POST https://myapp.example.com/webhooks/overten
Content-Type: application/json
X-Overten-Signature: sha256=<hex_hmac>
X-Overten-Timestamp: 1713312345
X-Overten-Event: run.completed
User-Agent: Overten-Webhook/1.0

{
  "event": "run.completed",
  "run_id": "run_01HXYZ",
  "task_id": "task_01HXYZ",
  "agent_name": "excel_agent_api",
  "format": "excel",
  "status": "completed",
  "download_url": "https://...",
  "edit_url": "https://...",
  "summary": "Created a 12-row sales report...",
  "occurred_at_ms": 1713312345678
}

run.failed

{
  "event": "run.failed",
  "run_id": "run_01HXYZ",
  "task_id": "task_01HXYZ",
  "agent_name": "excel_agent_api",
  "format": "excel",
  "error": {
    "code": "internal_error",
    "message": "..."
  },
  "occurred_at_ms": 1713312345678
}

Verifying signatures

Every request Overten sends includes two headers:
  • X-Overten-Signaturesha256=<hex_hmac> of the signed payload
  • X-Overten-Timestamp — Unix timestamp (seconds)
The signature is computed as: 
signed_payload = "{timestamp}.{raw_body}"
signature      = hmac_sha256(secret, signed_payload).hexdigest()
raw_body is the exact bytes of the POST body — not re-serialized JSON. Always verify against the raw bytes, before any JSON parsing. 
import hmac, hashlib, time
from fastapi import Request, HTTPException

SECRET = "whsec_..."

async def verify(request: Request):
    body = await request.body()
    sig_header = request.headers.get("X-Overten-Signature", "")
    ts = request.headers.get("X-Overten-Timestamp", "")
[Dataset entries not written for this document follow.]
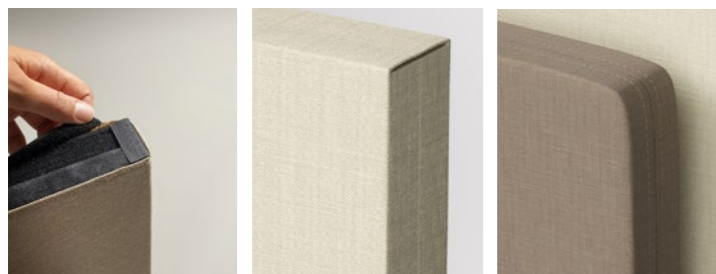

KONSTRUKTION

Ramkonstruktion av massivt trä (FSC).
Fyllning 40 mm bestående av stenull med brandklassning A1 (Obrännbart)
fri från plaster och polyeter.
Fötter i massiv ask.

Avtagbart tyg

Raka hörn

Rundade hörn

MÅTT

Längd: 600, 800, 1000, 1200 mm
Höjd: 350, 450 mm
Tjocklek: 40 mm
Hörn: Raka eller rundade R 30 mm

LJUD

SS-EN ISO 354, ISO 11654 Class A
SS-EN ISO 354:2003 evaluated SS 25269

N10
Dezibel 1200×450 - 14

MILJÖ & SÄKERHET

Möbelfakta Certifierad
EN 1023-1:1996
EN 1023-2:2000
EN 1023-3:2000
EN 14073-2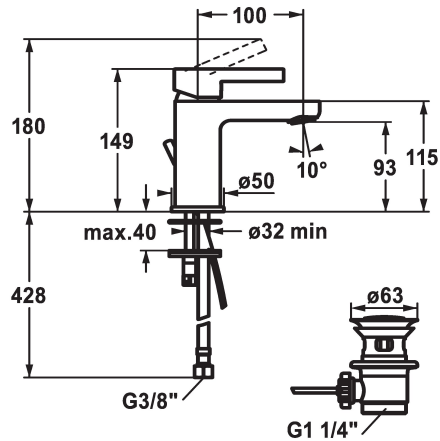

KWC FIT

Miscelatore a leva - Lavabo

Modell-Linie: FIT | 12.548.041.000FL ++

Rubinetterie per bagni | Rubinetterie monocomando

KWC-No.

12.548.041.000FL

chromeline, A 100, tubi flessibili di collegamento, con piletta

12.548.051.000FL

chromeline, A 100, tubi flessibili di collegamento, senza piletta

- EcoProtect - risparmio idrico
- Bocca fissa
 - Neoperl® Perlator®
- KWC cartuccia M 35 OP
 - con tecnica a dischi in ceramica
 - regolazione continua della portata e della temperatura
- limitazione della temperatura
- Tubi flessibili di collegamento 3/8"
- Fissaggio tramite vite passante M8 x 1
- Foratura 35 mm
- Portata 5 l/min (3 bar)
- Classe di silenziosità per la rubinetteria I

    if not sig_header.startswith("sha256="):
        raise HTTPException(400, "missing signature")
    expected_sig = sig_header.removeprefix("sha256=")

    # Replay protection: reject requests older than 5 minutes
    if abs(time.time() - int(ts)) > 300:
        raise HTTPException(400, "timestamp too old")
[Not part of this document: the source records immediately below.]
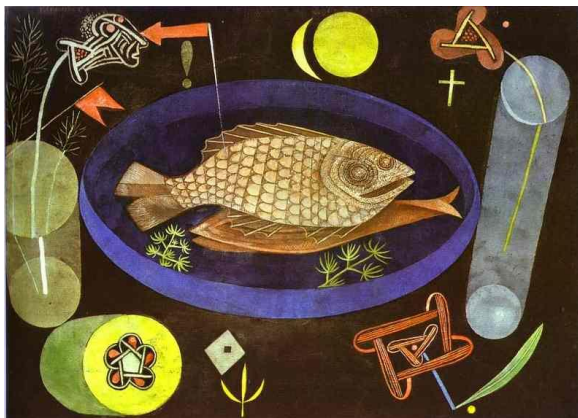

C'est en 1914, pendant un voyage en Tunisie qui sera d déterminant pour son oeuvre, que Klee a la revelation de la couleur.

Peintre d'un ami de Paul qui se nomme Vassily Kandinsky.

Limits of reason.1927

L'artiste

Paul Klee a travaillé à l'academie des beaux arts de Desseldorf , connaît son premier succes en 1917. Il utilise de l'art abstrait, geometrie... Il a été influencé par Leonard de Vinci , les impressionnistes français. **Paul Klee est un peintre influent renommé pour son utilisation novatrice de la couleur.** Ses oeuvres comme "Château et Soleil", "Senecio" ou "Fugues en rouge" sont les plus connues.

1

2

3

Denotation: Cette œuvre est composée de plusieurs couleurs, de différentes nuances, c'est une peinture à l'huile, technique du surréalisme,

connotation: Mes impressions sont que il y a beaucoup de détails, de plusieurs formes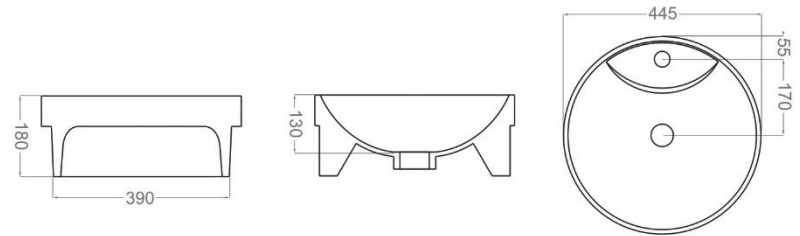

رومنس | ROMANCE

COUNTERTOP

Technical Information (mm)

Depth : 95

جنووا | JENOVA

COUNTERTOP

Technical Information (mm)

Depth : 120

تورينو | TORINO

COUNTERTOP

Technical Information (mm)

Depth : 130

کلین | CLEAN

COUNTERTOP

Technical Information (mm)

Depth : 105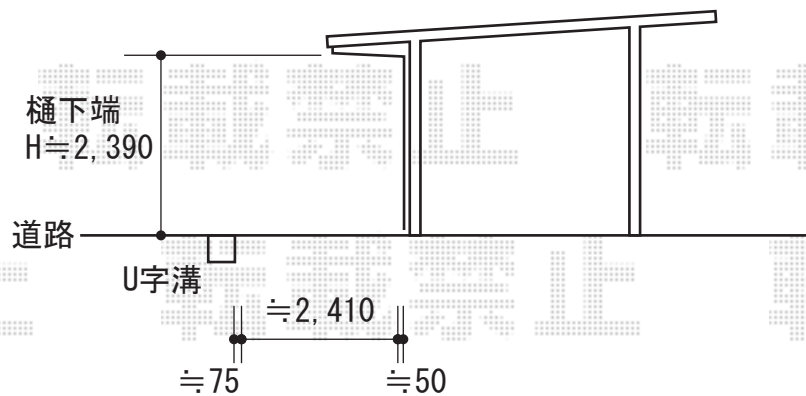

# カーゲート 施工概略図

LIXIL (TOEX) ワイドオーバードアS2型 手動式  
本体 (W×H) = (5,950mm × 1,200mm)  
色 : シャイングレー  
柱仕様 : ハイルフ柱仕様 (有効通過高2,150mm)  
駆動 : 手動式

2018-11-556999

担当者

山中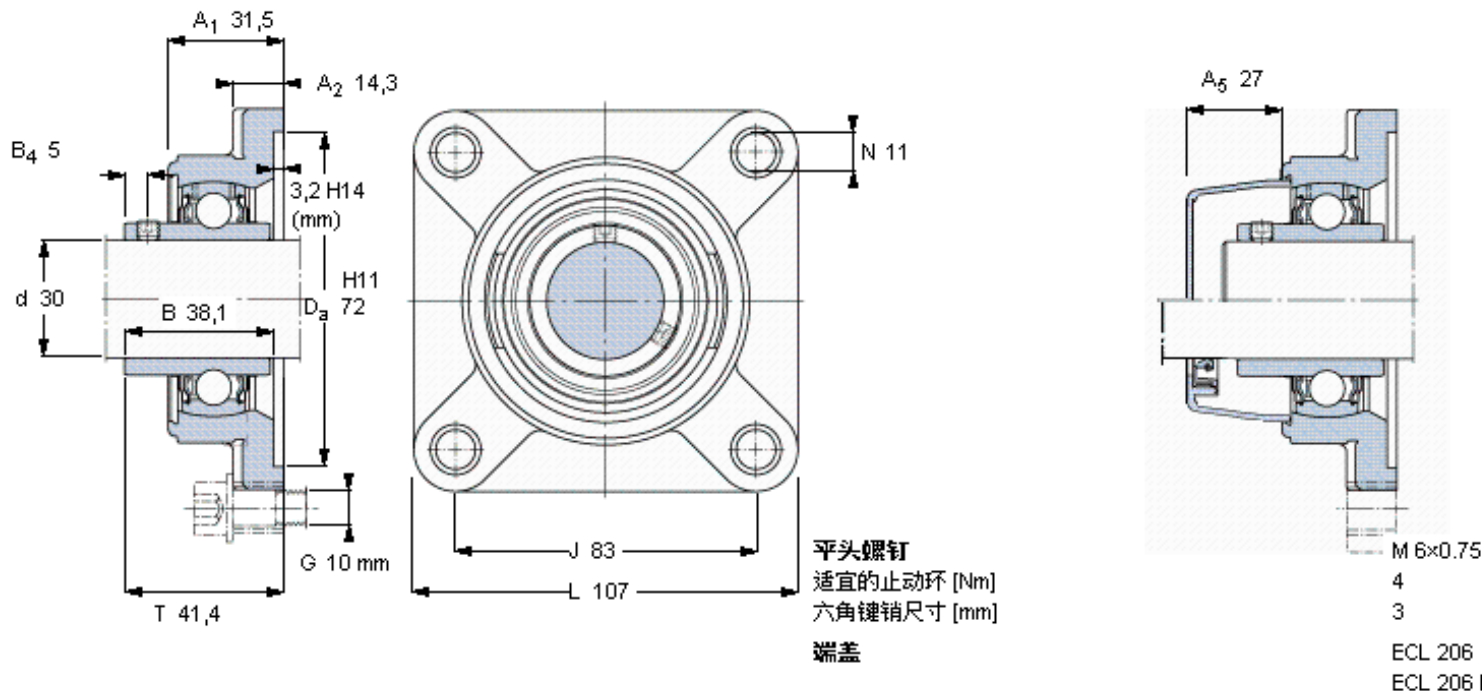

SKF FYL 30 THR参数

主要尺寸	d	30	mm	-
	A₁	31.5	mm	-
	J	83	mm	-
	L	107	mm	-
	T	41.4	mm	-
基本额定载荷	C	16300	N	动载荷
	C₀	11200	N	静载荷
极限转速	带h6轴公差	3800	r/min	-
重量	重量	470	g	-
型号	轴承单元	FYL 30 THR	-	-
	轴承座	FYL 506	-	-
	轴承	YAR 206-2RF/HV	-	-

SKF FYL 30 THR图片

参考资料:<http://www.sozhou.com/p/d78f4605.html>

    signed_payload = f"{ts}.{body.decode()}".encode()
    computed = hmac.new(SECRET.encode(), signed_payload, hashlib.sha256).hexdigest()
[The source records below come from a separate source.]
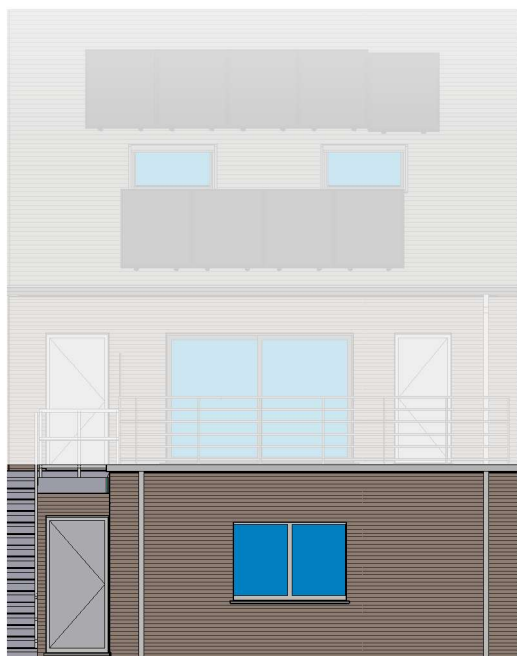

Gelijkvloers lot 9a LL

DOSSIER dossier nr.: Harelbeke - Kollegelaan
 plan : LL
 plan nr. : lot 9a

ONTWERP
 Harelbeke - Kollegelaan - 16 woningen

LIGGING Kollegelaan
 B-8530Harelbeke

voorgevel lot 9a LL

zijgevel rechts lot 9a LL

achtergevel lot 9a LL

    if not hmac.compare_digest(computed, expected_sig):
        raise HTTPException(400, "bad signature")

Retry policy

If your endpoint returns a non-2xx response (or times out after 15 seconds), Overten retries with exponential backoff: 
Attempt 1 (immediate) → 2 (1s) → 3 (4s) → 4 (16s) → 5 (64s) → 6 (256s) → 7 (1024s)
Seven attempts total, across approximately a 1.5-hour window. After the final attempt, delivery is abandoned — the task itself remains completed or failed on Overten’s side; only the notification was lost.
4xx responses are not retried. If your endpoint returns 400, 401, or 404, Overten treats that as an explicit “do not try again” and stops immediately.

Best practices

Return 200 OK immediately and enqueue the actual work internally. Overten times out each attempt at 15 seconds. If your handler runs synchronously longer than that, the delivery will be treated as failed and retried.
Retries and edge cases can cause duplicate deliveries. Key your processing logic on (run_id, event) and skip if you’ve already handled that combination.
Your webhook URL is publicly reachable, which means anyone can POST to it. Verifying the HMAC signature proves the payload came from Overten and hasn’t been tampered with. Never trust the payload without verifying first.
If your webhook secret leaks, rotate it by deleting the subscription and creating a new one — the new subscription will issue a fresh secret. Signatures from the old secret will stop validating immediately.

Managing subscriptions

# List all subscriptions
GET /api/v1/webhooks

# Get a specific subscription
GET /api/v1/webhooks/{webhook_id}

# Delete a subscription
DELETE /api/v1/webhooks/{webhook_id}

Debugging deliveries

When debugging failed deliveries, the most effective approach is to log the raw POST body and headers your endpoint receives on every incoming webhook. The run_id, task_id, and event fields in the payload are your primary identifiers — include them when opening a support ticket so the Overten team can trace the delivery history on their side.